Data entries
==================================================
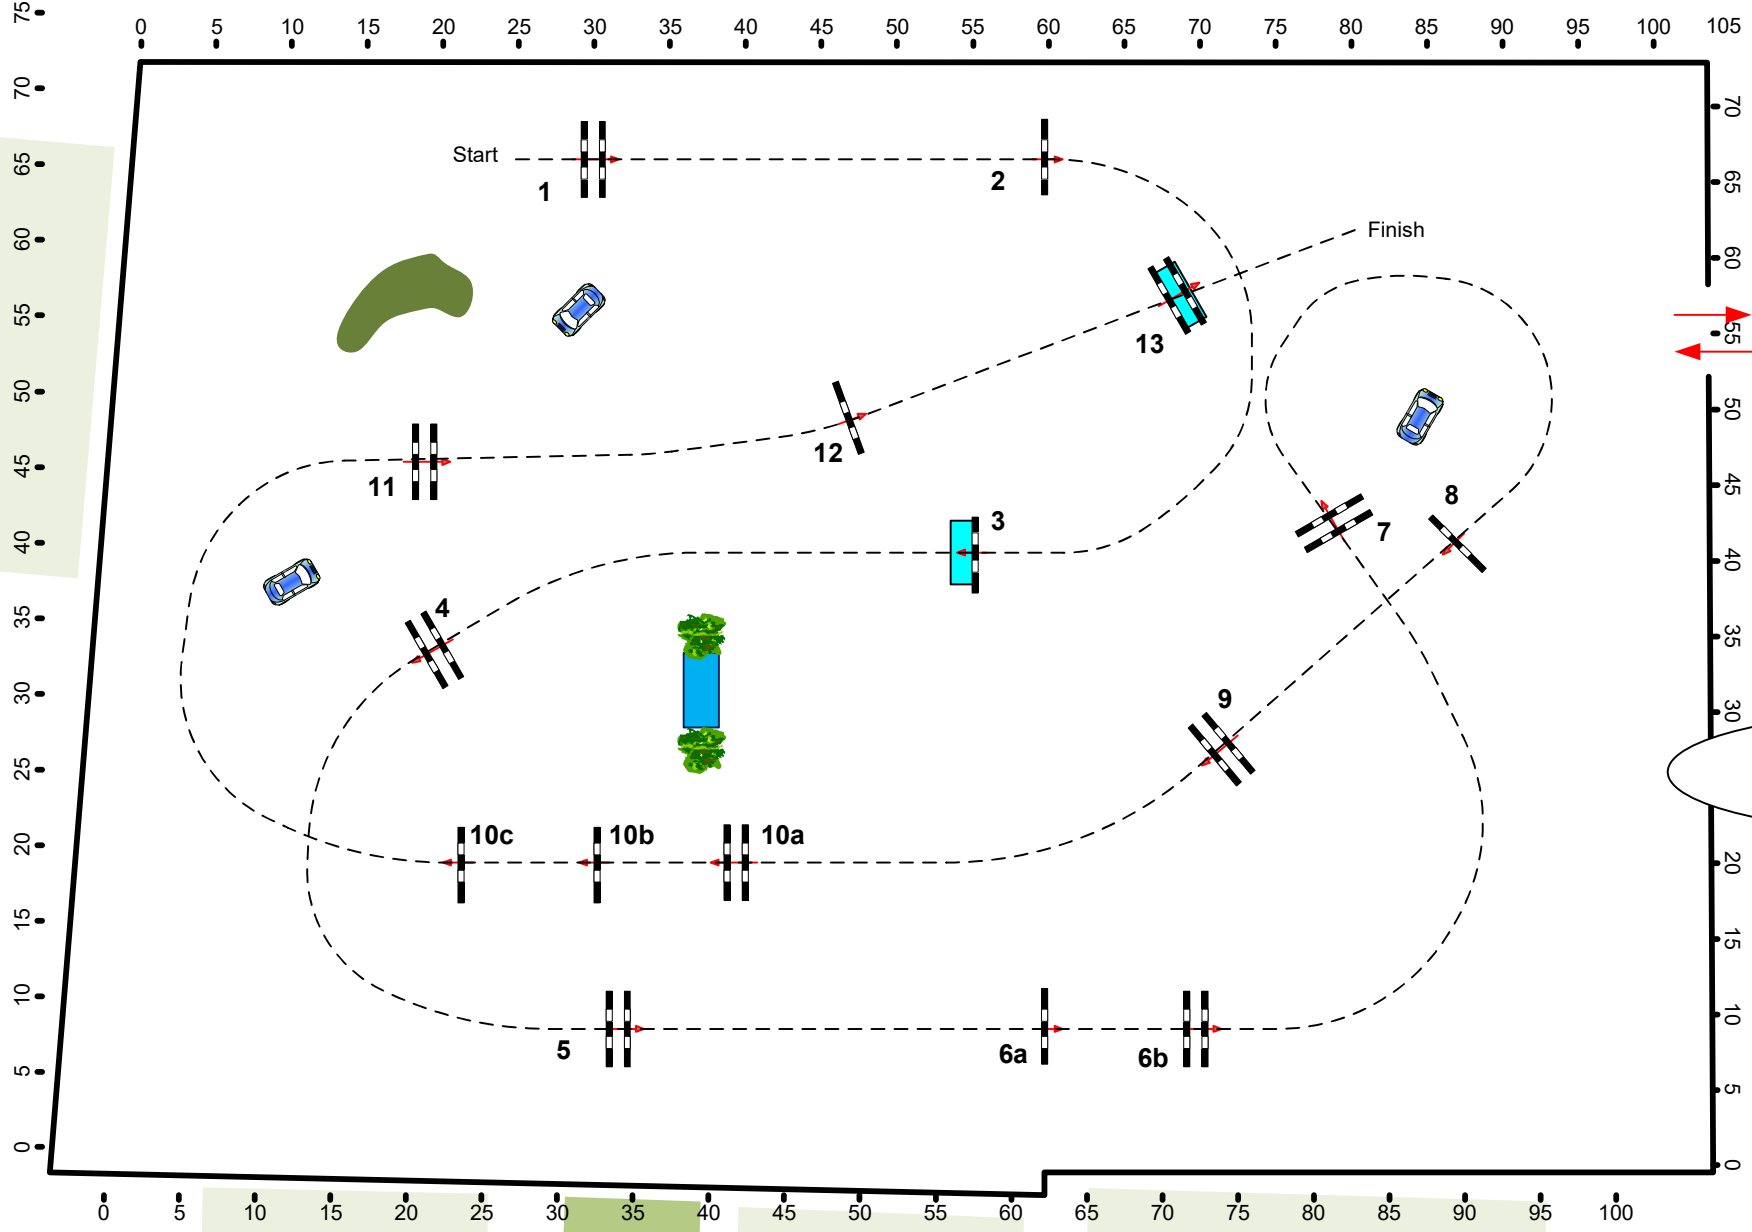

211

Medium Tour 150

Competition with one jump-off

26/02/2023

Table: A
 FEI J R
 Art. 238.2.2
 Altura: 1,50 m

Vel: 375 m/min
 Long: 0 m
 T/C: 0 sec
 T/ limit: 0 sec

Obstaculos: 13
 Esfuerzos: 16

Jump-off
1-2-3-6a 6b-9-10b

Long: 280 m
 T/C: 45 sec
 T/limit: 90 sec

Scale: 1:500
==================================================
### Problem description
Pictures aside, repeat every entry exactly as written.

### Task answer
211

Medium Tour 150

Competition with one jump-off

26/02/2023

Table: A
 FEI J R
 Art. 238.2.2
 Altura: 1,50 m

Vel: 375 m/min
 Long: 0 m
 T/C: 0 sec
 T/ limit: 0 sec

Obstaculos: 13
 Esfuerzos: 16

Jump-off
1-2-3-6a 6b-9-10b

Long: 280 m
 T/C: 45 sec
 T/limit: 90 sec

Scale: 1:500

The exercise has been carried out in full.